[Source data]
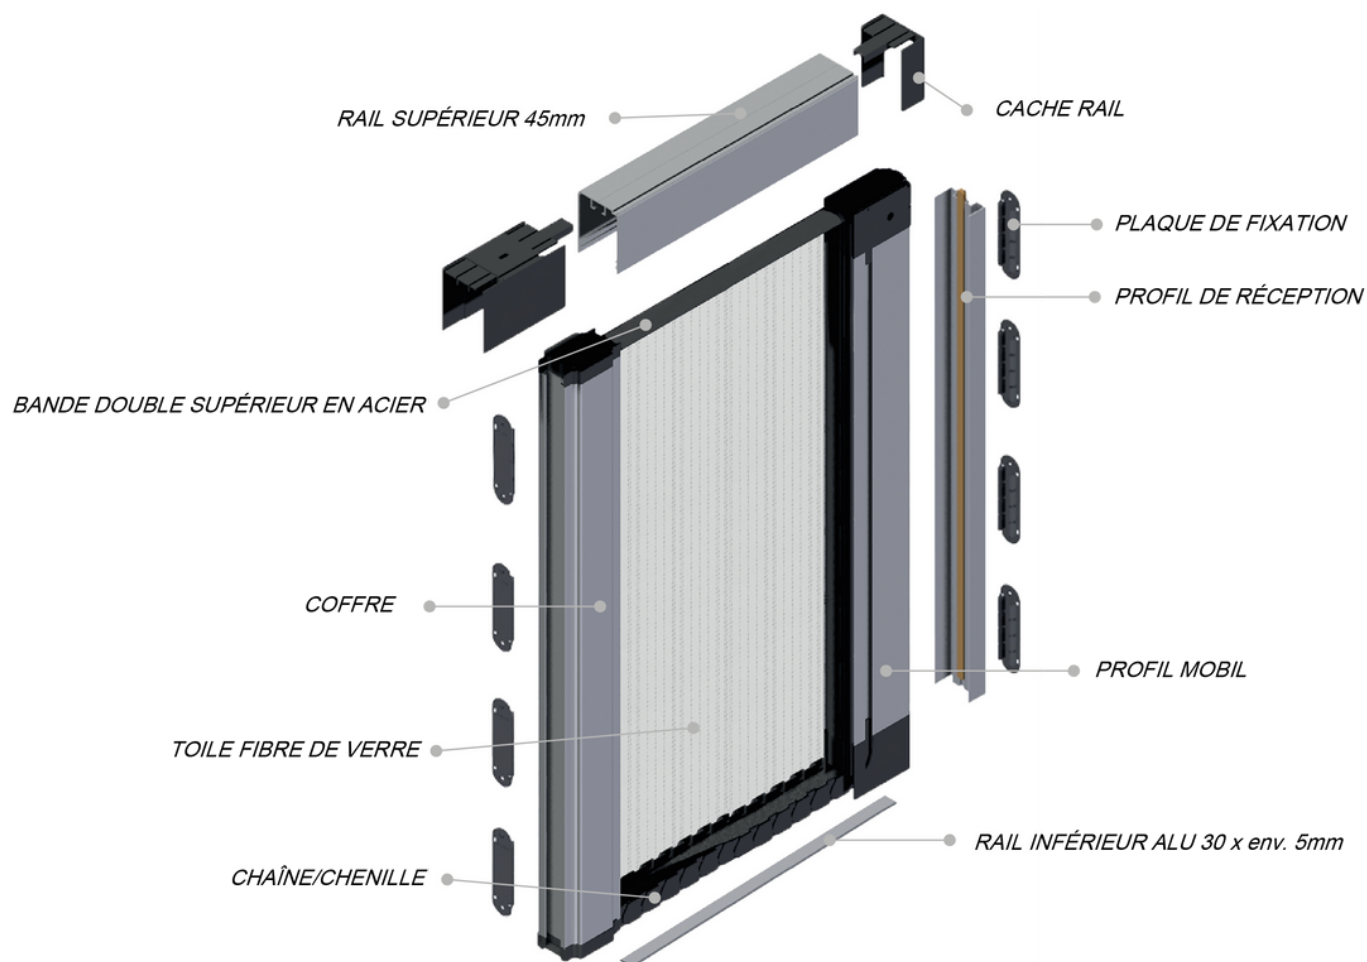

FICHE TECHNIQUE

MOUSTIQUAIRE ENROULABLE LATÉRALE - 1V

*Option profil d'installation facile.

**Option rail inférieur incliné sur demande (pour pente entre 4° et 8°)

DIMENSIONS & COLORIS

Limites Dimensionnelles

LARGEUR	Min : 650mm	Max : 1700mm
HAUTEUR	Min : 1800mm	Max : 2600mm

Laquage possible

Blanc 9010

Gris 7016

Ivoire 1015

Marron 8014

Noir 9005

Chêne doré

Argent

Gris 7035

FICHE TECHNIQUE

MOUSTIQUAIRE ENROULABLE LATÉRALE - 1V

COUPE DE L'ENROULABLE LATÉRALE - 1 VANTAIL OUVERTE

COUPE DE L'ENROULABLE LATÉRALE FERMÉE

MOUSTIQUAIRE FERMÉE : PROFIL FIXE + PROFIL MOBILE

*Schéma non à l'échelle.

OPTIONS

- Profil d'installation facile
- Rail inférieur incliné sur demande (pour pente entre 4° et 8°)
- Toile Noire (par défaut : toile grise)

### ABOUT THIS EXERCISE:
Return every line above word for word, minus images.

### RESULT OF THE EXERCISE:
FICHE TECHNIQUE

MOUSTIQUAIRE ENROULABLE LATÉRALE - 1V

*Option profil d'installation facile.

**Option rail inférieur incliné sur demande (pour pente entre 4° et 8°)

DIMENSIONS & COLORIS

Limites Dimensionnelles

LARGEUR	Min : 650mm	Max : 1700mm
HAUTEUR	Min : 1800mm	Max : 2600mm

Laquage possible

Blanc 9010

Gris 7016

Ivoire 1015

Marron 8014

Noir 9005

Chêne doré

Argent

Gris 7035

FICHE TECHNIQUE

MOUSTIQUAIRE ENROULABLE LATÉRALE - 1V

COUPE DE L'ENROULABLE LATÉRALE - 1 VANTAIL OUVERTE

COUPE DE L'ENROULABLE LATÉRALE FERMÉE

MOUSTIQUAIRE FERMÉE : PROFIL FIXE + PROFIL MOBILE

*Schéma non à l'échelle.

OPTIONS

- Profil d'installation facile
- Rail inférieur incliné sur demande (pour pente entre 4° et 8°)
- Toile Noire (par défaut : toile grise)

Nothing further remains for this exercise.